955 N.W.2d 117
N.D.2021Background
- Tracy served Cory with a divorce summons and complaint in Sept. 2019; Cory did not file a formal answer before later filings.
- The court ordered mediation and set a bench trial for Jan. 23, 2020.
- On Dec. 13, 2019 Tracy filed and mailed a motion for default judgment to Cory.
- The district court granted default and entered judgment on Dec. 23, 2019—before Cory’s time to respond under N.D.R.Ct. 3.2(a)(2) (14 days plus 3 mailing days) had expired.

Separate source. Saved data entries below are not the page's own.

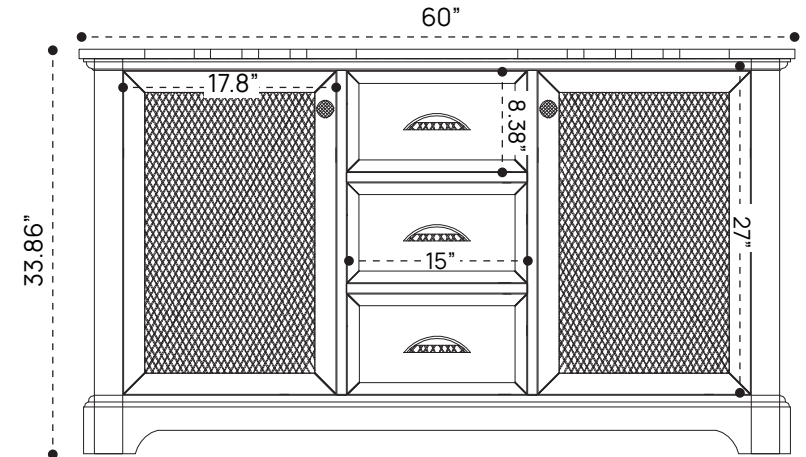

DIMENSION GUIDE OLIVIER 36"

tilebar

3D VIEW

FRONT VIEW

SIDE VIEW

DIMENSION GUIDE OLIVIER 48"

tilebar

3D VIEW

FRONT VIEW

SIDE VIEW

DIMENSION GUIDE OLIVIER 60"

3D VIEW

FRONT VIEW

SIDE VIEW

DIMENSION GUIDE OLIVIER 72"

tilebar

3D VIEW

FRONT VIEW

SIDE VIEW
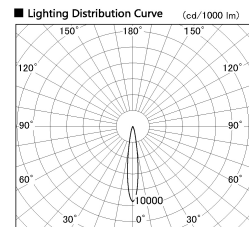

Item no. DD126-4015WB9027-LX

Series Name: Cledy versa L-G
(DD126_AG-LX)

■ Direct Horizontal Illuminance DD126-4015WB9027-LX

Illuminance Angle	Beam Angle	Vertical Illuminance (lx)
14°	15°	116060
1		29020
2		12900
3		7250
4		4640
5		3220
6		2370
7		1810

Installation	Recessed mount
Type	Lens type adjustable downlight : Antiglare type
Fixture wattage	38.5W
Beam angle	15deg
Color Temp.	2700K
CRI	Ra>90
Luminous	3041 lm
Body	Die-castaluminumalloy
Body finish	N/A
Trim finish	Black
Reflector finish	White
IP Rate	IP20
Light source	COB module
Input Voltage	AC220~240V
Dimming Type	Non-Dimmable
Certificate	CE,CCC
Cut Hole	150mm
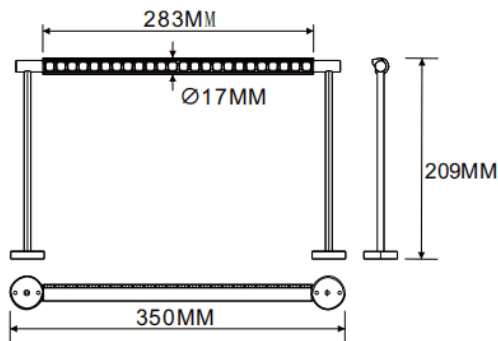

Scheme

Item code	86.L007.1350.01
Product type	Indoor
Category	Tracklights
Family	CABINET
Subfamily	Wall mounted wall washer
Pictograms	

Product	
Real power (W)	8
Real luminous flux (Lm)	482.48
Luminous efficiency (Lm/W)	60.31
Beam angle (°)	Wall washer 30°
Colour	white
Control gear included	no
Average life time (h)	50000hrs L80 B10
Colour temperature (K)	3000
Colour consistency (SDCM)	SDCM<3
CRI	90
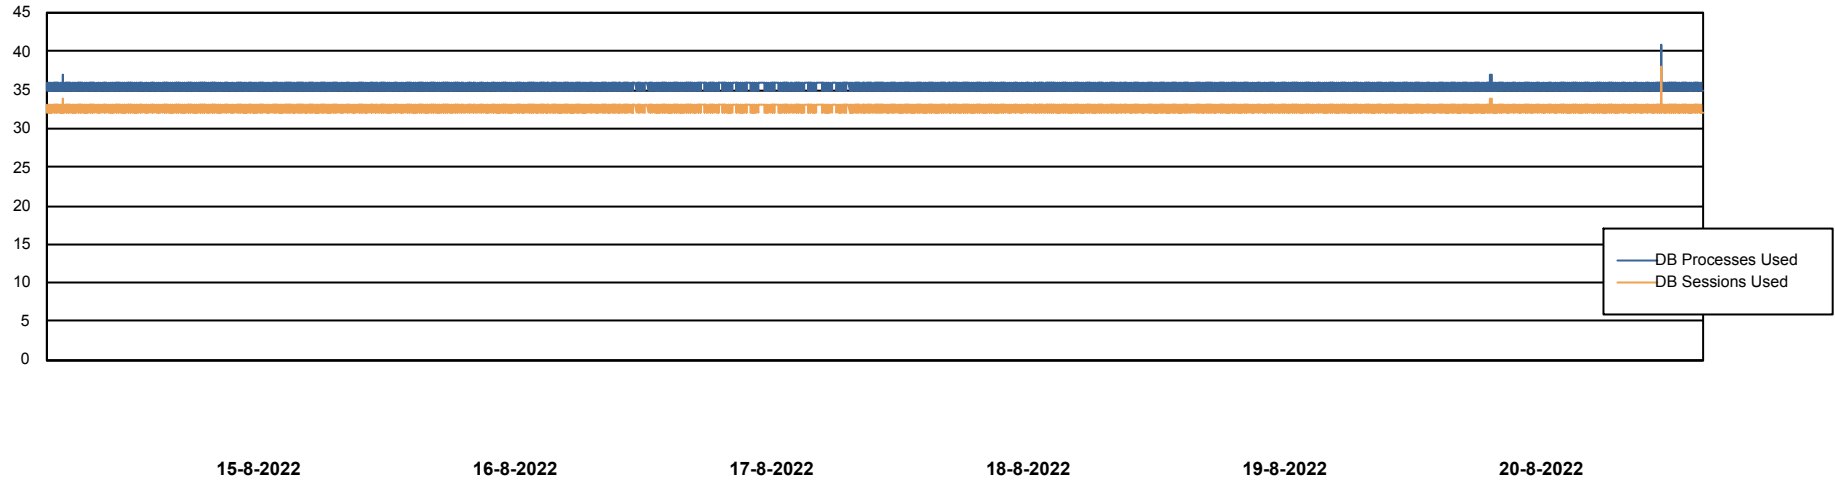

Weekly SLA Customer Report

Customer RFL_Production
Database ID 36

Database Performance RFLDB_Production

Weekly SLA Customer Report

Customer RFL_Production
Database ID 36

Database Performance RFLDB_Standby

DATABASE SIZE RFLDB_Production

Database growth over last month

Weekly SLA Customer Report

Customer RFL_Production
 Database ID 36

Database Tablespace RFLDB_Production

Date	Tablespace Name	Filesize (Gb)	Usedsize (Gb)	Percentage free
20-8-2022	ABSDATA	90	69	23
	INDX	216	178	17
19-8-2022	ABSDATA	90	69	23
	INDX	216	178	17
18-8-2022	ABSDATA	90	69	23
	INDX	216	178	17
17-8-2022	ABSDATA	90	69	23
	INDX	216	178	18
16-8-2022	ABSDATA	90	69	23
	INDX	216	178	18
15-8-2022	ABSDATA	90	69	23
	INDX	216	178	18
14-8-2022	ABSDATA	90	69	23
	INDX	216	178	18

- Cory filed an answer, counterclaim, and a Rule 60(b) motion seeking relief on Jan. 8, 2020; the court denied relief on May 26, 2020, calling the early entry of judgment harmless.
- Cory appealed, arguing the district court misapplied N.D.R.Ct. 3.2 by ruling before the response period expired and abused its discretion in denying Rule 60(b) relief.
Issues
| Issue | Plaintiff's Argument (Tracy) | Defendant's Argument (Cory) | Held |
|---|---|---|---|
| Whether the district court erred by entering default judgment before the response period expired under N.D.R.Ct. 3.2(a)(2) | The early ruling was harmless and Cory failed to show mistake, inadvertence, surprise, or excusable neglect | The judgment was entered prematurely; he was entitled to the full 14 days plus 3 mailing days to respond | Court reversed: granting judgment before expiration of the 3.2 response period was legal error and abused discretion |
| Whether the error was harmless or prejudicial | The error was harmless because Cory would not have timely responded anyway | The premature ruling deprived him of the required opportunity to respond and created no record to assess prejudice | Court held error is not necessarily harmless; absent record that any response would be futile, justice requires the opportunity to respond |
| Applicability of precedent requiring opportunity to respond under Rule 3.2 | N/A (relies on district-court factual assessment) | Relies on Jensen and other decisions holding premature rulings violate Rule 3.2 and warrant vacatur and remand | Court applied Jensen-line precedent to find misapplication of Rule 3.2 and reversed |
| Standard of review for Rule 60(b) relief and misapplication of procedural rules | District court correctly exercised discretion in denying relief | District court abused discretion by misapplying Rule 3.2 and not affording the response period | Abuse-of-discretion standard applies; court concluded district court abused discretion by prematurely ruling and denying relief |
Key Cases Cited
- Nieuwenhuis v. Nieuwenhuis, 851 N.W.2d 130 (N.D. 2014) (standard of review and Rule 60(b) motion guidance)
- State v. Jensen, 939 N.W.2d 1 (N.D. 2020) (holding a motion cannot be decided before the Rule 3.2 response period expires)
- Burden v. State, 930 N.W.2d 619 (N.D. 2019) (reversing premature rulings where response time was denied)
- Curtiss v. State, 877 N.W.2d 58 (N.D. 2016) (error where required reply time under Rule 3.2 was not afforded)
- State v. Acker, 871 N.W.2d 603 (N.D. 2015) (harmless-error discussion)
- McCullough v. Swanson, 245 N.W.2d 262 (N.D. 1976) (importance of respecting procedural rules)
Decision: Reversed and remanded with instructions to vacate the default judgment and give Cory the opportunity to respond consistent with N.D.R.Ct. 3.2(a)(2).